I create my rFile and two directories. One that would contain the file and
one for failures, both required by importDirectory

        Configuration conf = new Configuration();
        conf.set("fs.default.name", "hdfs://blah:9000/");
        conf.set("fs.hdfs.impl",
"org.apache.hadoop.hdfs.DistributedFileSystem");
        FileSystem fs = FileSystem.get(conf);

        Path input = new Path("/accumulo/temp1/testing/");
        Path output = new Path("/accumulo/temp1/testing/my_output");
        fs.mkdirs(input);
        fs.mkdirs(output);

        String extension = conf.get(FILE_TYPE);
        if (extension == null || extension.isEmpty()) {
            extension = RFile.EXTENSION;
        }
        String filename = "/accumulo/temp1/testing/my_input/testFile." +
extension;
        Path file = new Path(filename);
        if (fs.exists(file)) {
            file.getFileSystem(conf).delete(file, false);
        }
        FileSKVWriter out =
RFileOperations.getInstance().openWriter(filename, fs, conf,
                AccumuloConfiguration.getDefaultConfiguration());
        out.startDefaultLocalityGroup();
        long timestamp = (new Date()).getTime();
        Key key = new Key(new Text("row_1"), new Text("cf"), new Text("cq"),
                new ColumnVisibility(), timestamp);
        Value value = new Value("".getBytes());
        out.append(key, value);
        out.close();

at this point i can ssh into my namenode and see the file and two
directories

then i try to bulk import it

        String instanceName = "blah";
        String zooServers = "blah:2181,blah:2181"
        String userName = ; // Provide username
        String password = ; // Provide password
        // Connect
        Instance inst = new ZooKeeperInstance(instanceName, zooServers);
        Connector conn = inst.getConnector(userName, password);
        TableOperations ops = conn.tableOperations();
        ops.delete("mynewtesttable");
        ops.create("mynewtesttable");
        ops.importDirectory("mynewtesttable", input.toString(),
output.toString(), false);

The exception that I am getting is
SEVERE: null
org.apache.accumulo.core.client.AccumuloException: Bulk import directory
/accumulo/temp1/testing does not exist!

I tried to play around with the file/directory owner by manually setting it
to accumulo and then hadoop, but no luck.

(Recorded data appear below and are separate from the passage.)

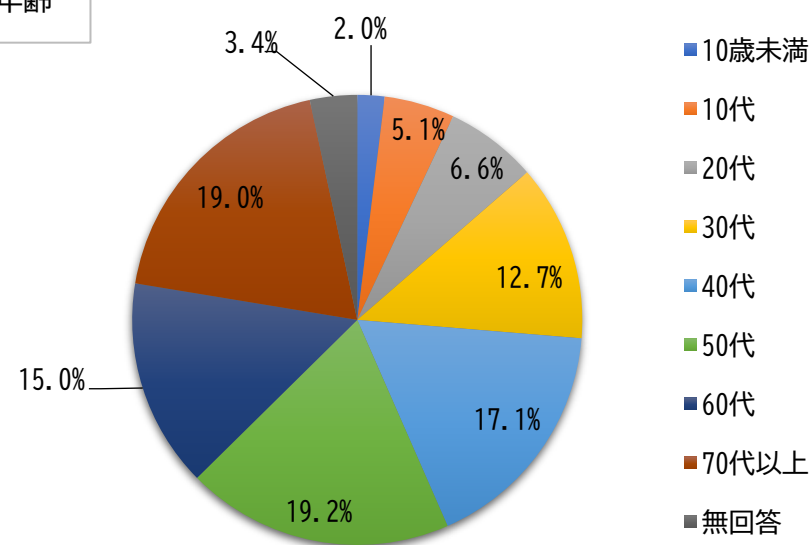

IV 回答者ご自身について

Q 1	回答	回答数	回答率
居住地	中野区	1305	76.3%
	隣接区	302	17.7%
	その他	52	3.0%
	無回答	52	3.0%
	合計	1711	100.0%

1. 居住地

Q 2	回答	回答数	回答率
年齢	10歳未満	50	2.9%
	10代	137	8.0%
	20代	136	7.9%
	30代	202	11.8%
	40代	241	14.1%
	50代	263	15.4%
	60代	284	16.6%
	70代以上	344	20.1%
	無回答	54	3.2%
	合計	1711	100.0%

2. 年齢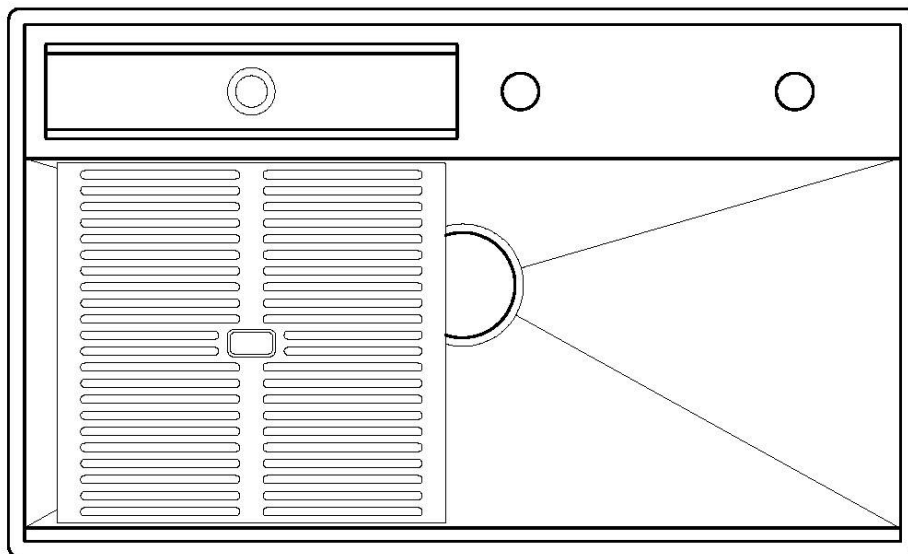

8100 618 (in dotazione/supplied with sink)

3780 000 **Level "in trough"/Livello "canale"**

Compatible accessories/Accessori compatibili:

8151 004

8100 618
POSIZIONATA A FILO VASCA / EDGE POSITIONING

8100 618
POSIZIONATA SUL FONDO / BOTTOM POSITIONING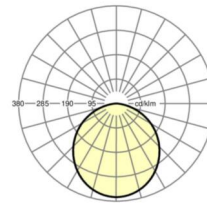

параметры

номер заказа	72265016680
код EAN	4020863266265
номер таможенного тарифа	94051190
Знак прохождения контроля	IP 54/20, класс защиты I, F, Кровля класса F, HACCP DIN10500/Food/IFS/BRC, Indoor, CE
Степень ударпрочности IK	IK03
Температура окружения	ta 25°C
Особые свойства	Готовность к IoT «Ready for IoT»
Гарантийный срок	5 лет
Государственные программы поддержки	BEG - государственные субсидии для энергосберегающих зданий (действительна только для Германии)

электротехника

Балласт	Электронный драйвер DALI2 (1 штука)
Мощность системы	28W
сетевое напряжение	230V/50Hz
автоматический предохранитель (пусковой ток)	13 штук/B10, 24 штук/B16, 25 штук/C10, 40 штук/C16
класс энергосбережения/Источник света	C

Оптика

Оснастка	LED, цветопередача/оттенок света CRI ≥ 80 / 4000K
Допуск для координаты цветности (MacAdam)	3SDCM
Номинальный световой поток	4265lm
Срок службы LED	50000h L90/B10 (Tq 25°C)
светоотдача светильников	153lm/W
UGR поп./вдоль	21.0 / 20.9

DEEP-LINK

<https://www.regiolum.de/ru/article/72265016680>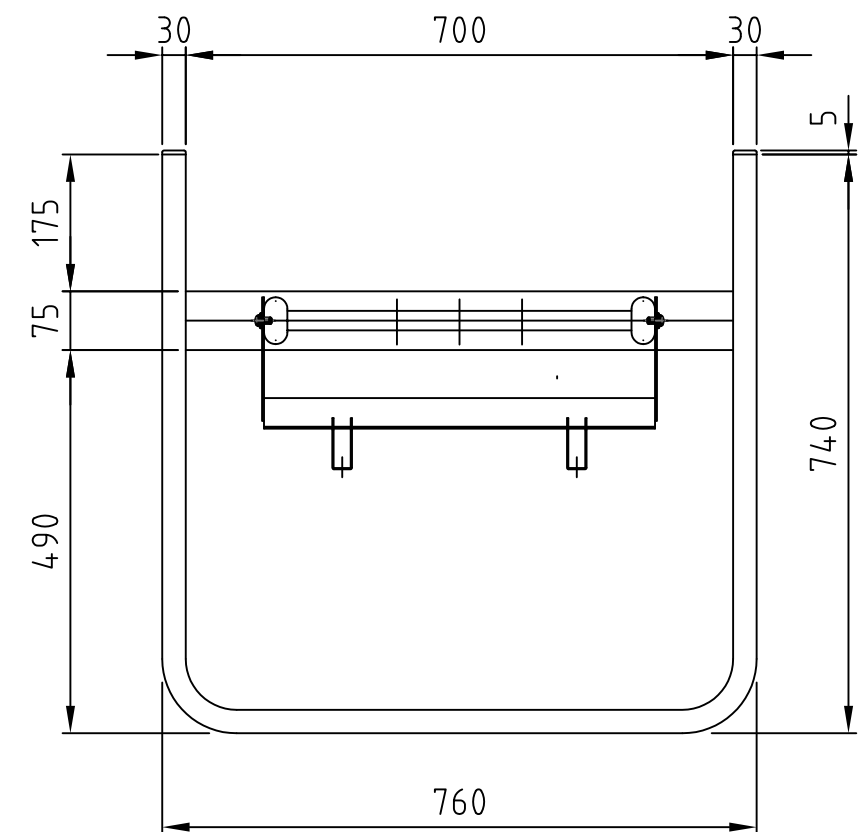

- 材質/仕上
本体：スチール製/粉体塗装仕上げ（シルバー色）
- 質量
約19.5kg
- 耐荷重
取付ディスプレイ 40kg以下
総耐荷重 70kg以下

- ディスプレイ角度調節
前方5度.12度
後方7度.14度

平面図

| | | | | | |
|-------------------------------|-------------|------------|--------------|-------------|------------|
| 型番 Model | PH-665 | △ | | △ | |
| 名称 Name | 本体フレーム | △ | 15/04/27 | 寸法記入変更 | △ |
| | | △ | 15/01/13 | プラケット形状変更 | △ |
| 承認 Approve | 検図 Check | 製図 Draw | 設計 Design | 尺度 Scale | 日付 Date |
| | | mike | mike | 1:10 | 2012/5/16 |
| | | | | コード Code | SA4 |
| HAYAMI INDUSTRY CO., LTD. | | | | | |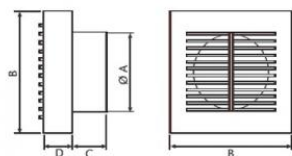

ø A	B	C	D
B-10	98	150	42	35
B-12	118	180	45	44
B-15	148	209	60	45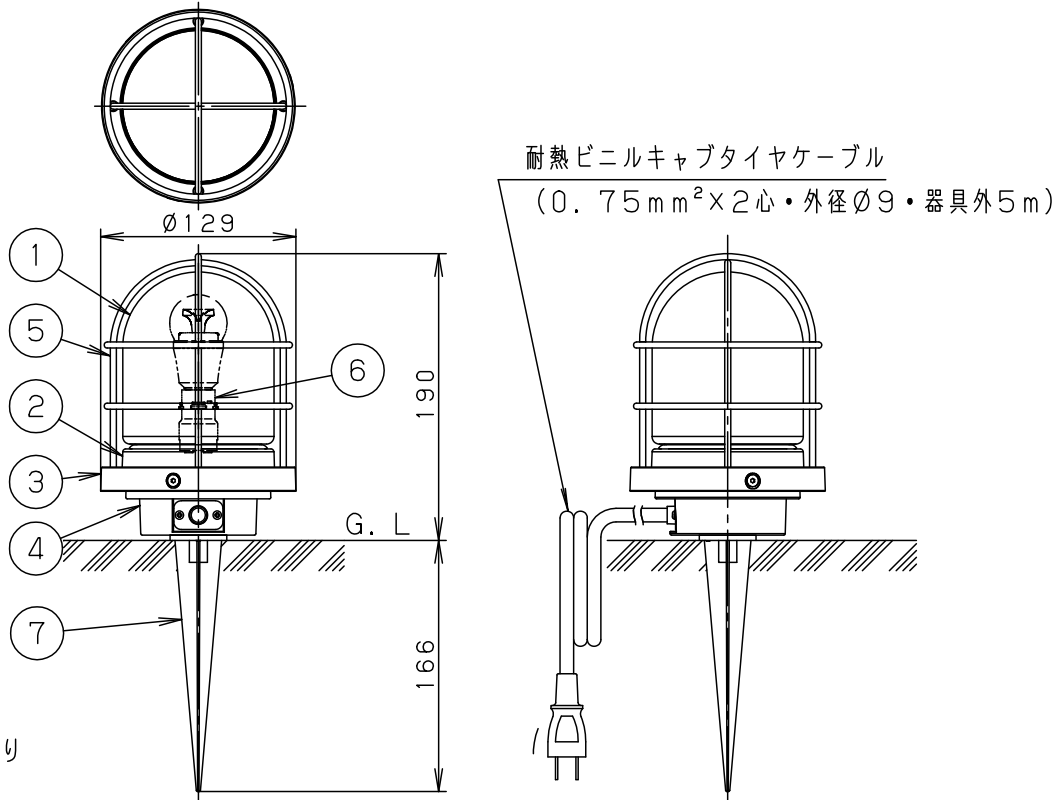

⚠ 注意：商品には寿命があります。詳細はCLX2021AAをご参照ください。

- アクリル2回塗り
- 二重絶縁型

⚠ 安全に関するご注意

- 防雨型器具です。浴室などの湿気の多い場所では使用しないでください。感電、火災の原因となります。
- 据置専用器具です。
- 指定外取付は落下、感電、火災の原因となります。
- 水がたまるくぼ地や冠水する場所には設置しないでください。感電の原因となります。
- 調光器と組み合わせて使用しないでください。火災の原因となります。
- LEDを直視しないでください。目の痛みの原因となることがあります。

I checked hdfs-site and I have
  <property>
    <name>dfs.permissions</name>
    <value>false</value>
  </property>

Any ideas?

Any guesses of what might be wrong?

Re: Issue with importDirectory

Posted by David Medinets <da...@gmail.com>.
I'm heading home but I can play with this tomorrow. On the positive side, I
have D4M reading the data that I wrote from Java. So that's nice. :)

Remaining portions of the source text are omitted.